To understand what people will do when interacting with a voice-enabled device or a chatbot, it's helpful to observe and listen as people actually use VUIs to carry out transactions and request information. Knowing which utterances they are most likely to use will help businesses develop VUIs that connects with customers.

In the case of the bank, experience mapping will help the bank make decisions about what to do when the customer doesn't specify which account the money should be transferred to or from. And that will prevent the bank from asking customers to restate their requests in varied ways until they happen to alight on the precise phrasing that the VUI understands.

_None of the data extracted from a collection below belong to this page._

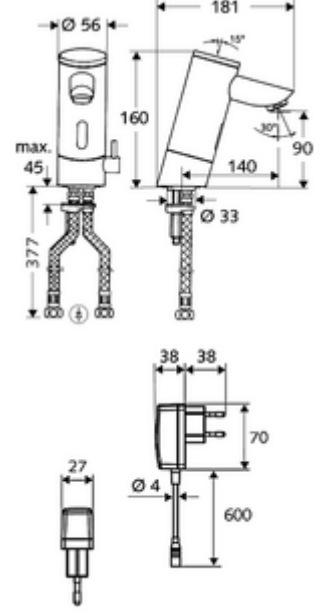

## Elektronische Waschtisch-Armatur PURIS E HD-M - Yüksek basınç karma su

Kızılötesi sensör kumandalı. Pille işletim. SCHELL su yönetim sistemi SWS ile ağ kurmak için uygun. SCHELL Single Control SSC üzerinden parametrelenebilir. Uzatılmış çıkış 140 mm dahil.

### Teslimat kapsamı

- Kızılötesi sensör tek delikli armatür
  - Pil bölmesi 6 V (entegre)
  - Termostat
  - Akış regülatörü
  - Kızılötesi sensör elektronik, programlanabilir
  - 6V ön filtreli selenoid valf
- 4x AAA alkali pil 1,5 V
- 2 esnek bağlantı hortumu Clean-Fix S G 3/8 IG x 380 mm, entegre çekvalf (Çekvalf, EN 1717: EB) ve ön filtre ile
- Lavabo montajı için sabitleme malzemesi

Another potential source of frustration worth mentioning: lack of transparency. If you're using chatbots to answer customers' questions, it's important that you be honest about that. When customers are misled, perceptions of your business quickly deteriorate. Once trust is lost, it's always hard to rebuild.

2. Services.

Most businesses already have developed many services for their web and mobile applications. Some assume that this means they already have what they need to leverage the voice channel. That may be true, but a good deal of service mapping is required at the middle tier.

The service mapping will require additional services, because you will need to create more generic services that can map to those finer-grained existing services.

The reason for this is that people tend to ask questions that are more general than existing services may be able to answer. When that happens, the new services will need to handle these requests, decide on the appropriate action and, in many cases, aggregate several finer-grain services. For example, a bank customer who has multiple checking accounts may say, “Give me my checking account balance," but the bank's existing service won't be able to satisfy the request because it doesn't know which account the customer has in mind. What is the appropriate action to take? Should Alexa read back the balances for all accounts, or should Alexa ask a clarifying question? If the request is coming from a chatbot, does this increase the number of accounts the bank is willing to aggregate into a single response? New services are required to support these decisions as well as to make the multiple calls needed for aggregation.

In short, businesses must be able to tie together the intent of the customer's voice (or text, in the case of a chatbot) with the appropriate services at the back end, so that each request is satisfied appropriately.

3. Artificial intelligence and machine learning sentiment and intent detection.

You need to understand what your customers want and how they feel - before you present them with a new channel.

That's key, because the amount of time it takes for a customer to become frustrated with a VUI or chatbot is less than the amount of time it takes for the same person to become frustrated with a web or mobile app.

You need to be able to determine if a person who is sending text to a chatbot, for example, is becoming frustrated. Extensive use of upper-case letters, exclamation points, and obscenities are clues. And if frustration is detected, you need to know how you'll deal with it. Does that mean it's time to move the customer from a chatbot to a real person?

These and other questions about consumer sentiment need to be explored before VUIs and chatbots are developed, so that you truly remove barriers instead rather than create new ones.

A related issue involves intent. You'll need to establish a way to determine whether voice-enabled devices and chatbots truly understand and deliver what consumers are asking for. If you find, for example, that 40 percent of voice requests aren't being answered, you will need to evaluate the unsatisfied requests, identify patterns, and develop appropriate solutions.

Many businesses are forging ahead with proofs of concept for natural language processing. Dealing with the three complicating factors I've noted will help them develop successful proofs of concept and prepare effectively to join the war for the family room.